It is SO hard to let go of control and the whole mentality "If I don't make sure it gets done then it won't". I try to take a step back and not hover but I can feel myself silently watching and seeing if it will all go smooth without me.

For example, my boyfriend is the sweetest guy I have ever met but he is not the type of person that rushes. Yunno the type of person that even if he over sleeps he still isn't running out the door to be on time? He always underestimates how long it will take him to do something, get somewhere, etc.

I on the other hand am the complete opposite. I find myself acting like his mother waking him up telling him how he will be late, nagging him to get out the door and to stop messing around with pointless stuff, etc. I must confess that sometimes when I am not home I call him to make sure that he is on his way to work because I think if I don't make sure he will over sleep and miss work.

I know I need to let go he is an adult and he is capable of getting to work on time. The only problem is there is a lot of times that if not for me he would have missed work and in all honestly, we cannot afford for him to miss a day of work nevermind get fired!

It shouldn't be so hard to let go of the control! I know that most of the reason he doesn't worry about time is because he knows I will be up his butt. Why worry about oversleeping if you know if you sleep a little to long your personal living alarm clock will wake you up and make sure you get to work on time.
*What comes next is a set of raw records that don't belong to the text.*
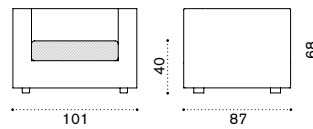

Lounge armchair

CBPOW2_
cushions, seat+back CBCUPOA__

→ 24,5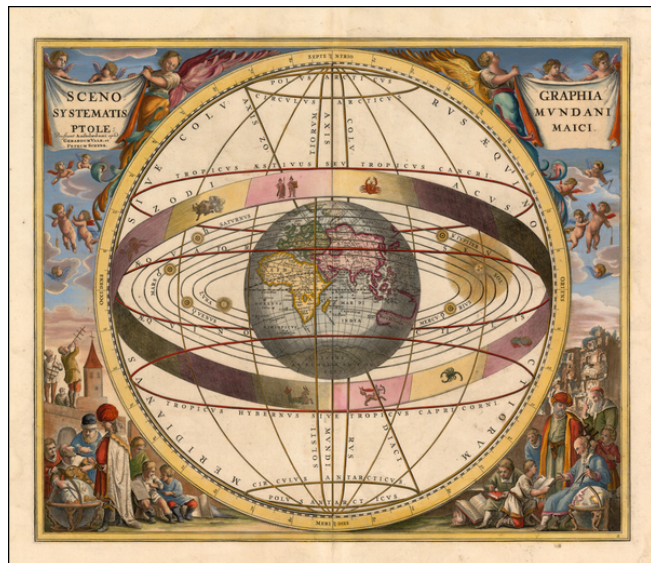

## Scenographia Systematis Mundani Ptolemaici

**Stock#:** 19984  
**Map Maker:** Cellarius  
**Date:** 1708  
**Place:** Amsterdam  
**Color:** Hand Colored  
**Condition:** VG  
**Size:** 20 x 17 inches  
**Price:** SOLD

### Description:

Striking example of Cellarius' diagram of the Zodiac and the orbits of the planets and the sun, ringing the Eastern Hemisphere, based upon Tycho Brahe.

The image is embellished with decorative allegorical scenes surrounding the map image.

Andreas Cellarius was born in 1596 in Neuhausen and educated in Heidelberg. He emigrated to Holland in the early 17th Century and 1637 moved to Hoorn, where he became the rector of the Latin School. Cellarius' best known work is his *Harmonia Macrocosmica*, first issued in 1660 by Jan Jansson, as a supplement to Jansson's *Atlas Novus* and reissued in 1661 and 1708. The work consists of a series of Celestial Charts begun by Cellarius in 1647 and intended as part of a two volume treatise on cosmography, which was never issued. Cellarius' charts are the most sought after of celestial charts, blending the striking imagery of the golden age of Dutch Cartography with contemporary scientific knowledge.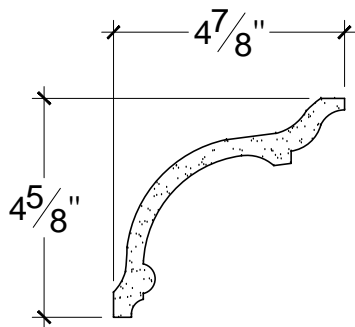

SCALE :3"=1'

SCALE :3"=1'

SCALE :3"=1'

ISOMETRIC

67 Steuben Street
 Brooklyn, NY 11205
 T: 718.534.7000
 F: 718.534.7040
 www.decocraftusa.com

Design Copyright © Decocraft USA Inc. 2010 All rights reserved

NAME:

COVE

ITEM#

DC504-040

MATERIAL:

PLASTER

HEIGHT:

4 5/8"

PROJECTION:

4 7/8"

FACE:

N/A

REPEAT:

N/A

LENGTH:

96"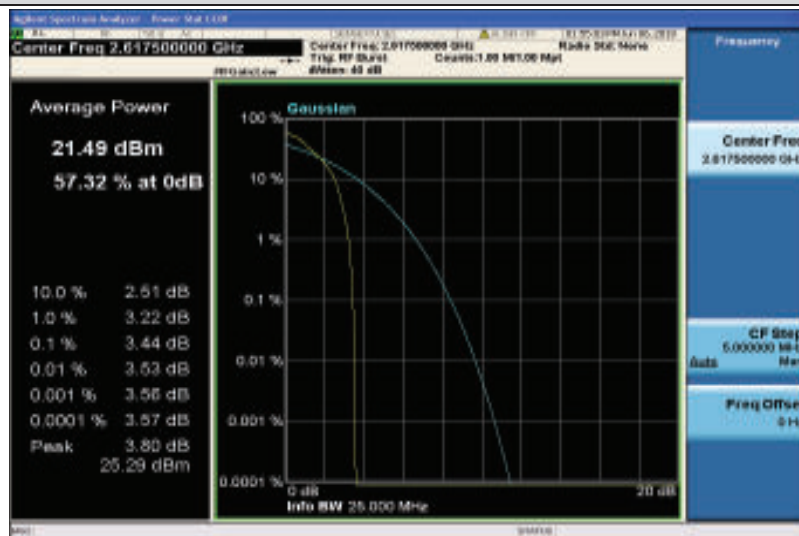

Band26-15MHz-16QAM-26965-1RB#0

Band26-15MHz-16QAM-26965-75RB#0

Band38-5MHz-QPSK-37775-1RB#0

Band38-5MHz-QPSK-37775-25RB#0

Band38-5MHz-QPSK-38000-1RB#0

Band38-5MHz-QPSK-38000-25RB#0

Band38-5MHz-QPSK-38225-1RB#0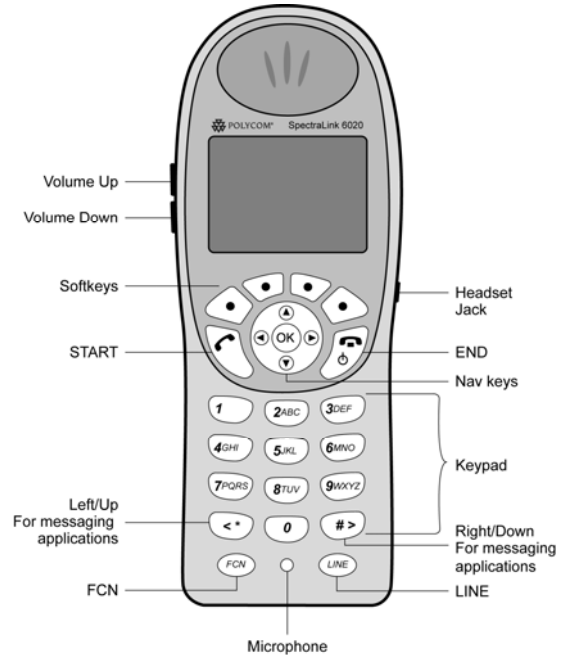

SpectraLink 6020 Wireless Telephone

- **On/Off** Press and hold **END**. Two chirps on, one chirp off
- **Make a call** Press **START** to get dial tone.
- **Hang up** Press **END**. Be sure to do this at the end of each call.
- **Answer call** Press **START**. Line indicator comes on steady when the call is answered.
- **Answer second call** Press **HOLD** to put your current call on hold, or **END** to hang up. Press **LINE** + the digit that is flashing.
- **Hold** Press **HOLD**
- **Take off Hold** Press **LINE** followed by the digit for the line on hold, which will be flashing.
- **Mute On/Off** Press the **MUTE** softkey.
- **Function** Pressing **FCN** while off hook allows you to scroll through menu screens.
- **User Options** Press the **CFG** softkey while on hook to change handset settings.

For information on Battery Pack charging and setting user preferences, see the Wireless Telephone User Guide.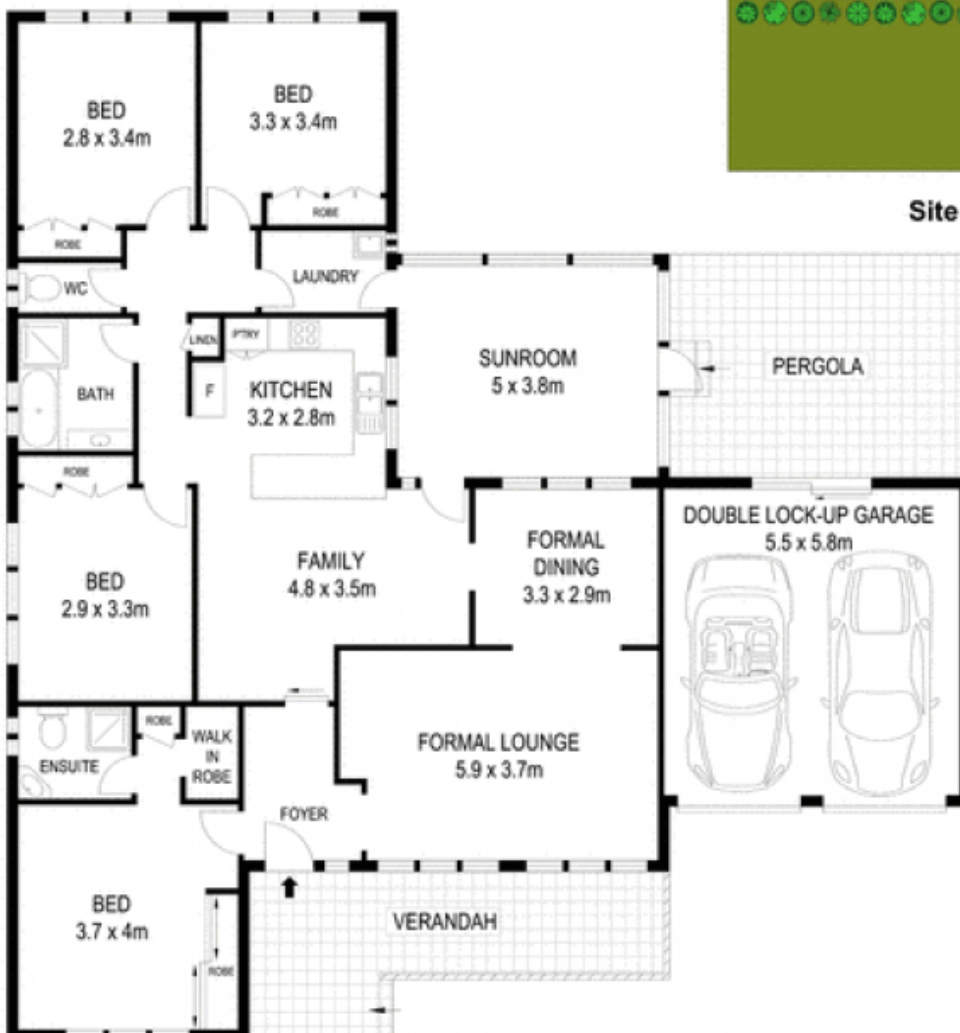

3 Mediati Avenue KELLYVILLE, NSW

4

2

2

Desirable Family Home in a Suburban Setting

Lifestyle: Introducing an inviting, single-level family home set within an appealing residential setting alongside a fantastic family-friendly park. Highlights include a wonderful sun room ideal for entertaining and generous lawn spaces to the front and rear of the property. Peacefully situated within a quiet locale with city bus, sought after schools and local shopping villages nearby. A more convenient location is hard to find!

Price: \$1,000,000

Stone Beecroft | Castle

02 8866 1500

Hill | Epping

3 Mediati Avenue, Kellyville

Site Plan

DISCLAIMER
DIMENSIONS ARE APPROXIMATE AND SHOULD ONLY BE USED AS A GUIDE.
THEY ARE NOT TO SCALE AND NO LIABILITY WILL BE ACCEPTED.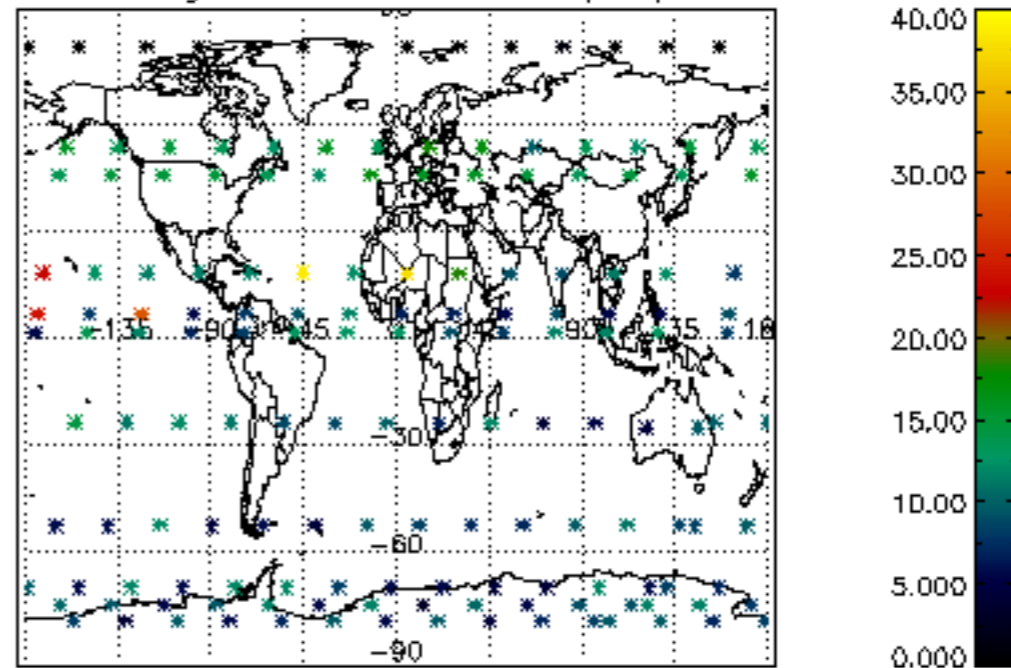

Percentage of saturation errors per profile

I know I am making him not be responsible for his own actions. I am trying to step back but at the same time, we cannot afford him to miss work. I guess what I need to do is have a talk with him.

I know this sounds so petty. People are going through so much today and I post about this I should be happy that I have gotten to the point where this is my big concern for the day lol. But I am continually working on myself and I know that this is my codi behavior coming out with the whole "without me he will always be late and we won't be able to make rent blah blah blah"

Would you all just not wake him up even though you know that missing a day of work will make it hard to pay bills?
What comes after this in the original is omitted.